The dashboard shows a simple table: Location | Person | Arrived | Left | Duration.

This version requires NO integration with existing CCTV systems -- just getting one frame image dropped to a network folder. Most IP cameras support FTP upload or RTSP streams that can be captured with a single ffmpeg command:

# Grab one frame every 5 seconds from an RTSP camera stream
ffmpeg -rtsp_transport tcp -i rtsp://camera_ip:554/stream1 \
  -vf "fps=1/5" -update 1 -y //nas/cctv/location_01/entrance.jpg

Full Version (Phase 3B)

Direction detection (entering vs leaving) using frame-to-frame tracking
Multiple cameras per location (entrance, exit, common areas)
Confidence scoring -- only log arrivals above a threshold to avoid false positives
Alert system -- "Participant X hasn't arrived at expected location by 9:30am"
Evacuation mode -- live headcount per location, checklist of who is accounted for
Historical analytics -- average arrival times, attendance patterns, drill response metrics

Arrival/Departure Schema (Future)

CREATE TABLE media.safe_arrival (
  id SERIAL PRIMARY KEY,
  person_type TEXT NOT NULL CHECK (person_type IN ('staff', 'participant')),
  person_id INT NOT NULL,               -- staff_id or participant_id
  location_id INT NOT NULL,             -- references a locations table
  camera_id TEXT,                       -- which camera spotted them
  direction TEXT CHECK (direction IN ('arrive', 'depart', 'unknown')),
  confidence FLOAT NOT NULL,            -- recognition confidence (0-1)
  frame_path TEXT,                      -- path to the frame that triggered the log
  detected_at TIMESTAMPTZ NOT NULL DEFAULT NOW(),
  metadata JSONB NOT NULL DEFAULT '{}'  -- bbox, embedding distance, etc.
);

Facial recognition in a care/support environment requires careful handling:

Legal Requirements (Australia)

Privacy Act 1988 and Australian Privacy Principles (APPs) apply
Biometric data (face embeddings) is classified as sensitive information under APP 3
Collection requires consent or a permitted exception (safety of an individual)
A Privacy Impact Assessment (PIA) should be conducted before deployment

Recommended Safeguards

Safeguard	Implementation
Opt-in consent	Staff and participants must explicitly consent to being in the bookface library
Right to withdraw	Deleting a bookface folder removes all reference data immediately
No external transmission	All processing is local (GPU on server, no cloud APIs, no data leaves the LAN)
Data minimisation	See detailed rules below
Purpose limitation	Embeddings are used only for matching, never for profiling or behaviour analysis
Access control	Gallery face tags visible to management only, not general staff
Audit trail	All recognition events logged with confidence scores
CCTV signage	Locations using Safe Arrival must have visible "CCTV in operation" signage
Excluded individuals	Any person can be excluded from recognition (their face is detected but never matched)
Immediate deletion	CCTV frames are deleted immediately after processing -- only the result is stored, never the image

Data Minimisation Rules

The principle is: use the least identifying data possible for the task at hand.
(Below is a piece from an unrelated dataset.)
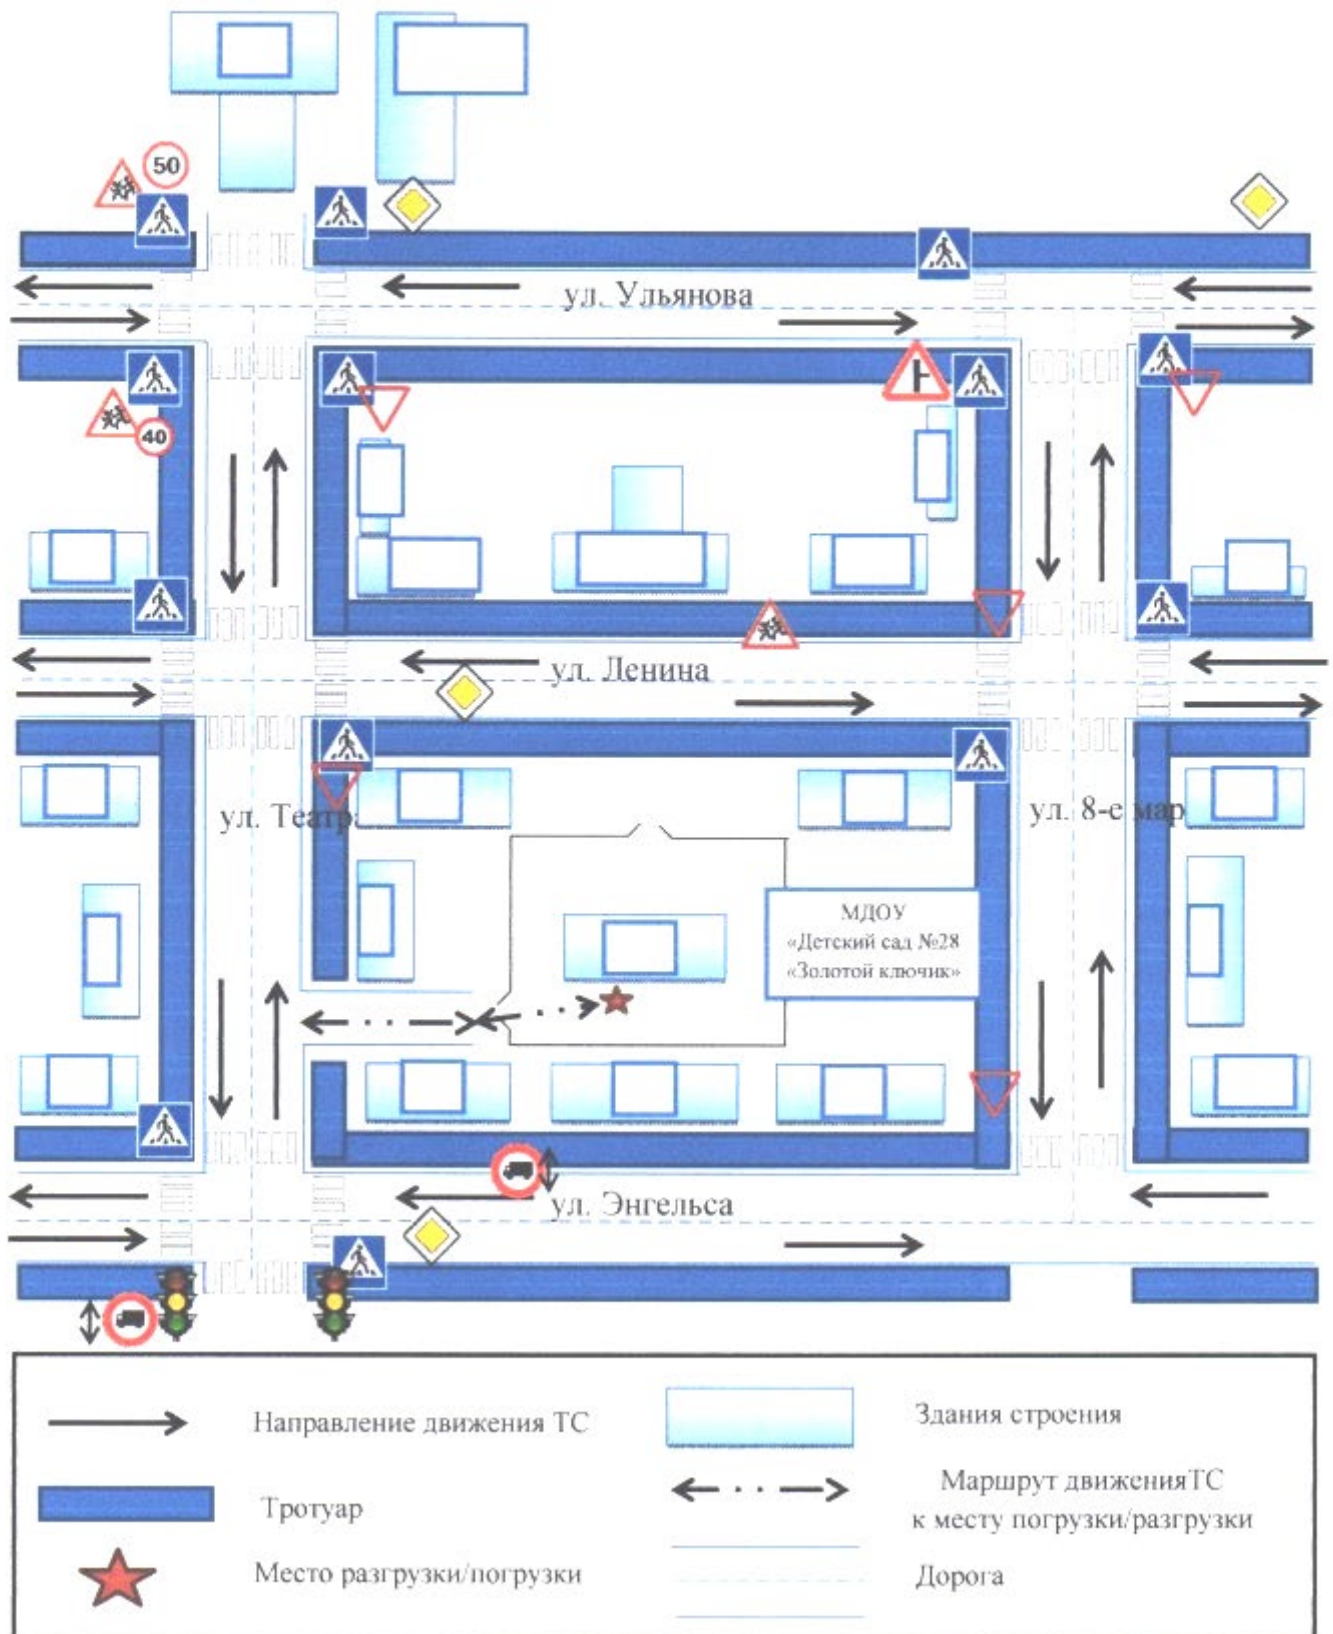

Маршрут движения транспортных средств к местам разгрузки/ погрузки

Scenario	What to Store	What NOT to Store
Routine arrival count	Headcount + timestamp only (e.g. "4 people arrived at 9:15")	No names, no face data
Known person arrival	person_id + location + timestamp	No face crop, no embedding, no frame
Gallery auto-tagging	person_id tag in metadata	Embedding stored temporarily for re-matching, can be purged after tagging
Evacuation / drill	Full identification (name + location + time)	Only during active emergency/drill mode
CCTV frames	Deleted immediately after processing	Never retained on disk or in database

Anonymisation hierarchy (use the highest level that satisfies the need):

Count only -- "3 staff, 2 participants arrived" (no identity)
Type only -- "staff member arrived" (no specific person)
Identity -- "Brett arrived" (only when operationally required)

The system should default to the lowest level and only escalate when the specific feature requires it. For example, the daily arrival dashboard can show counts by default, with a "reveal names" button restricted to authorised users.
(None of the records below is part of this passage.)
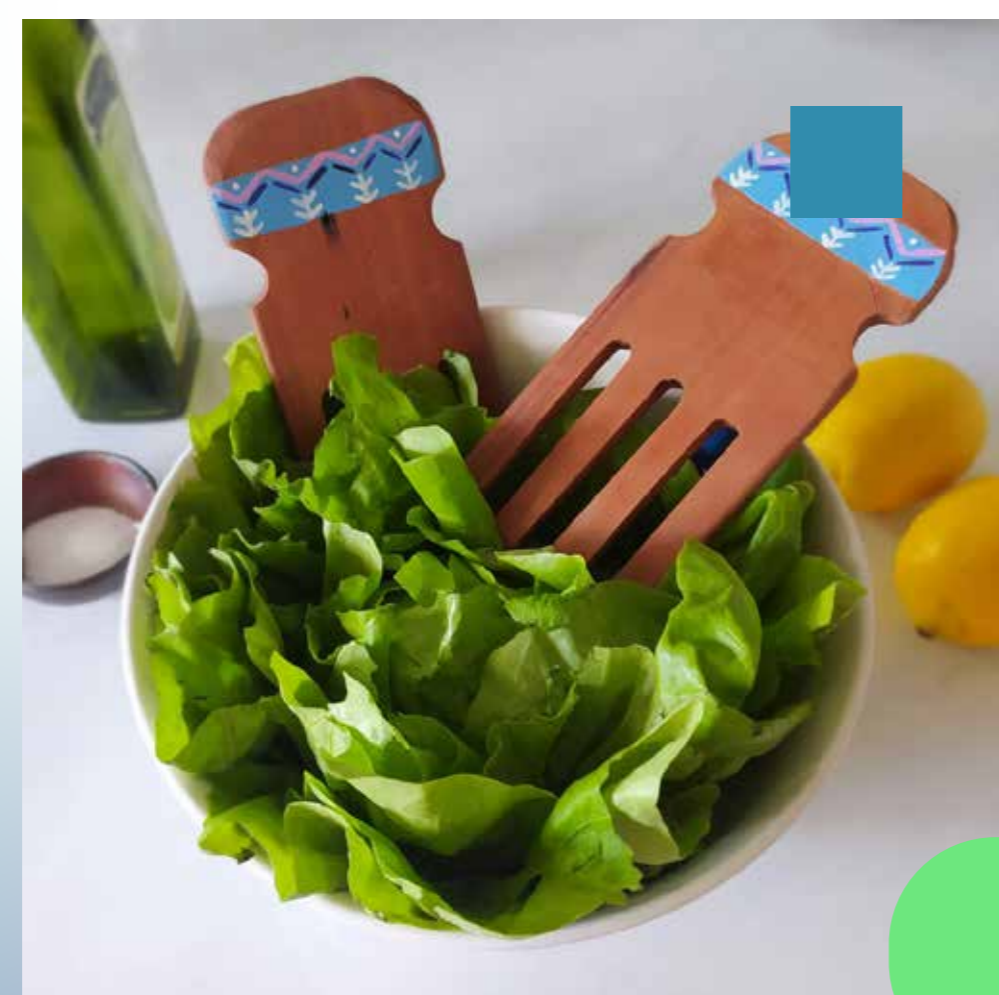

Catálogo Navidad

Hasta \$10.000

Autos de madera
\$8000

Porta shots
\$9.990

Porta copas
\$5.000

Maceteros
\$10.000

Caminos de mesa
remate \$5.000

Ensaladeras
\$5.000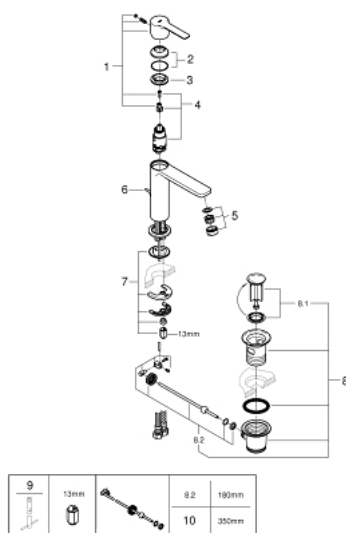

## 32 114 001 LINEARE BATERIA UMYWALKOWA, ROZMIAR S

### OPIS PRODUKTU

- Colour: chrom
- montaż jednootworowy
- metalowa dźwignia
- GROHE SilkMove głowica ceramiczna 28 mm
- z ogranicznikiem temperatury
- GROHE Long-Life wykończenie
- GROHE Water Saving SpeedClean perlator 5.7 l/min
- GROHE FastFixation Plus system instalacyjny
- metalowy zestaw odpływowy z drążkiem pociągany 1 1/4"
- giętkie węże przyłączeniowe

## 32 114 001 LINEARNA BATERIA UMYWALKOWA, ROZMIAR S

### ELEMENTY ZAMIENNE, lipca 2016 – now

- 1: dźwignia kompletna (Numer zamówienia 46980000)
  - 2: nakładka (Numer zamówienia 46581000)
  - 3: pierścień mocujący (Numer zamówienia 07419000)
  - 4: Głowica (Numer zamówienia 46580000)
  - 5: Perlator (Numer zamówienia 48159000)
  - 6: Drażek pociągany (Numer zamówienia 46739000)
  - 7: Przeciwzłącze śrubowe (Numer zamówienia 46645000)
  - 8: Zestaw odpływowy 1 1/4" (Numer zamówienia 28910000)
  - 8.1: Korek (Numer zamówienia 07182000)
  - 8.2: drążek mimośrodowy (Numer zamówienia 07052000)
  - 9: klucz nasadowy (Numer zamówienia 19017000)\*
  - 10: drążek mimośrodowy (Numer zamówienia 07341000)\*
- Aksesoria opcjonalne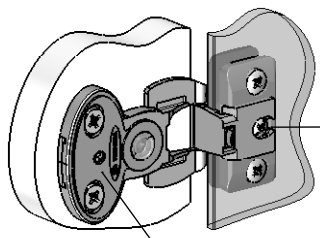

Montageanleitung / Mounting Instruction / Instructions de Montage

1 x

1 x

1 x

1 x

1 x

Glasdicke Glass Thickness Epaisseur du verre A [mm]	Fase B	Linsenschraube Oval head screw Vis a tete bombée M5 x L DIN 7985
5	1 x 45°	L= 8
6	2 x 45°	L= 10
7	3 x 45°	L= 10
8	4 x 45°	L= 12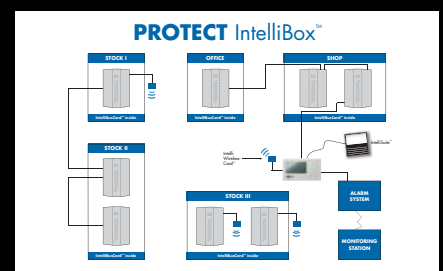

Bekijk voorbeelden van de 3 verschillende aansluitmogelijkheden met de IntelliBox™ controller.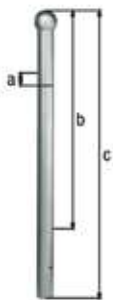

Absperrpoller Rustikal

- Dieser Pfostentyp ist auch mit weiteren Varianten im Kapitel „Absperrpfosten, umlegbar, herausnehmbar“ enthalten.

Auf Anfrage lieferbar: Kunststoffbeschichtungen in allen RAL-Farben

Maß a-Ø	Maß b	Maß c	VE	PE	Inhalt pro PE	Lie-ferzeit	Best.-Nr. 4004338...	
Material: Stahl roh, Oberfläche: feuerverzinkt passiviert, zum Einbetonieren								
89 mm	1000 mm	1400 mm	1	Stück	-	S	784362	
Material: Stahl roh, Oberfläche: feuerverzinkt, anthrazit-metallic kunststoffbeschichtet, zum Einbetonieren								
89 mm	1000 mm	1400 mm	1	Stück	-	S	784386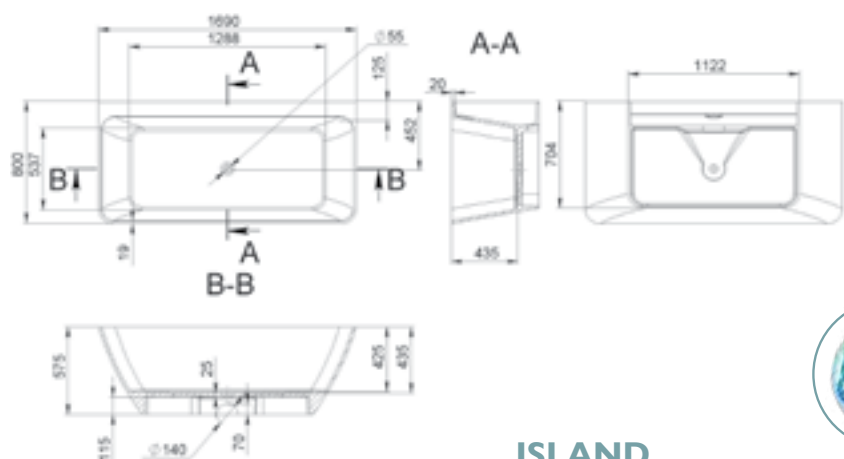

ISLAND

MÉRET (mm): 1690 x 800 x 575

MADDALENA

MÉRET (mm): 1750 x 850 x 600

MADONNA

MÉRET (mm): 1800 x 800 x 600

Participant Considerations

For participants in support/care settings:

Guardian/carer consent may be required depending on participant capacity
Safe Arrival positioning: frame as a safety feature (knowing someone arrived safely) not surveillance
Consider having the recognition system only confirm presence, not log movement patterns within a building
Where a headcount satisfies the safety requirement, do not resolve to individual identity
Participant face embeddings must be deletable on request with no residual data in backups beyond retention policy

6. Model Files & Dependencies

Required Packages

onnxruntime-node          ← ONNX inference engine (CUDA support built-in)
sharp                     ← Image preprocessing (resize, crop, normalise)

ONNX Model Files

Download from InsightFace model zoo and place in a models/ directory:

Model	File	Size	Purpose
RetinaFace	`det_10g.onnx`	~16MB	Face detection
ArcFace R100	`w600k_r50.onnx`	~167MB	Gallery embedding (high-res)
AdaFace IR-101	`adaface_ir101_webface12m.onnx`	~250MB	CCTV embedding (low-res tolerant)
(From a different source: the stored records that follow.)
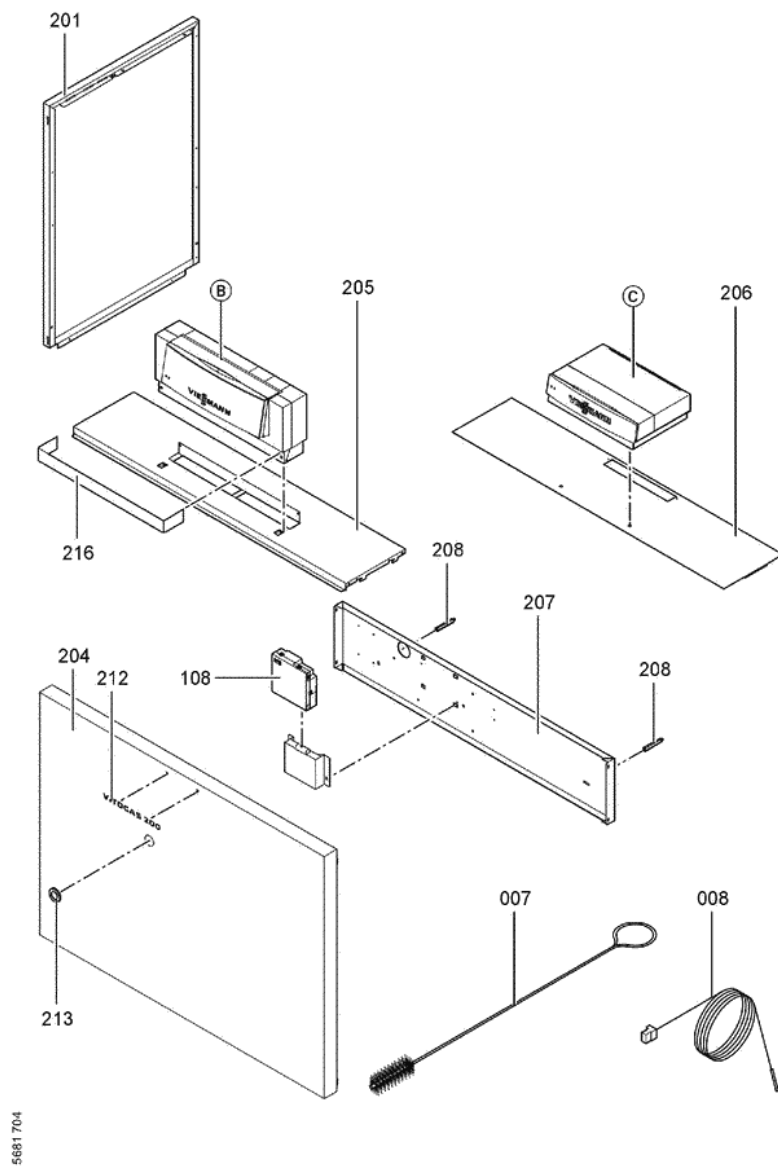

1.2. Graphique 7247593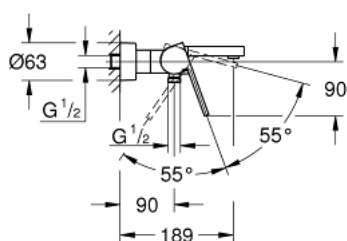

33 553 DC3 GROHE PLUS СМЕСИТЕЛ ЗА ВАНА 1/2", ЕДНОРЪКОХВАТКОВ

PRODUCT DESCRIPTION

- Colour: supersteel
- Стенен монтаж
- Метална ръкохватка
- GROHE SilkMove - 35 mm керамичен картуш
- С температурен ограничител
- GROHE LongLife finish
- Автоматичен превключвател за вана/душ
- Ламинарен аератор
- Извод за душ 1/2"
- Вграден възвратен клапан
- Скрити S- връзки
- Защита от обратен поток
- Минимално налягане 1 bar.

33 553 DC3 GROHE PLUS СМЕСИТЕЛ ЗА ВАНА 1/2", ЕДНОРЪКОХВАТКОВ

SPARE PARTS, януари 2019 – now

- 1: Ръкохватка (Spare part-nr. 48450DC0)
- 2: Картуш (Spare part-nr. 46374000)
- 3: Превключвател (Spare part-nr. 48451DC0)
- 4: Аератор (Spare part-nr. 48009000)
- 5: Възвратен клапан (Spare part-nr. 08565000)
- 6: Винтова връзка 1/2" (Spare part-nr. 45044DC0)
- 7: S- Връзка (Spare part-nr. 48453DC0)
- 8: Комплект удължители, 30 mm (Spare part-nr. 46238000)*
- 9: Ключ (Spare part-nr. 19332000)*
- 10: Специален ключ (Spare part-nr. 19377000)*

Total: ~433MB of model files. Downloaded once, stored on disk.

CUDA Requirements

NVIDIA driver 535+ (for RTX 5080)
CUDA Toolkit 12.x
cuDNN 8.x or 9.x
onnxruntime-node automatically detects and uses CUDA if available, falls back to CPU

7. Matching Thresholds

Threshold tuning is critical -- too loose and you get false positives (wrong person identified), too strict and you get false negatives (known person tagged as unknown).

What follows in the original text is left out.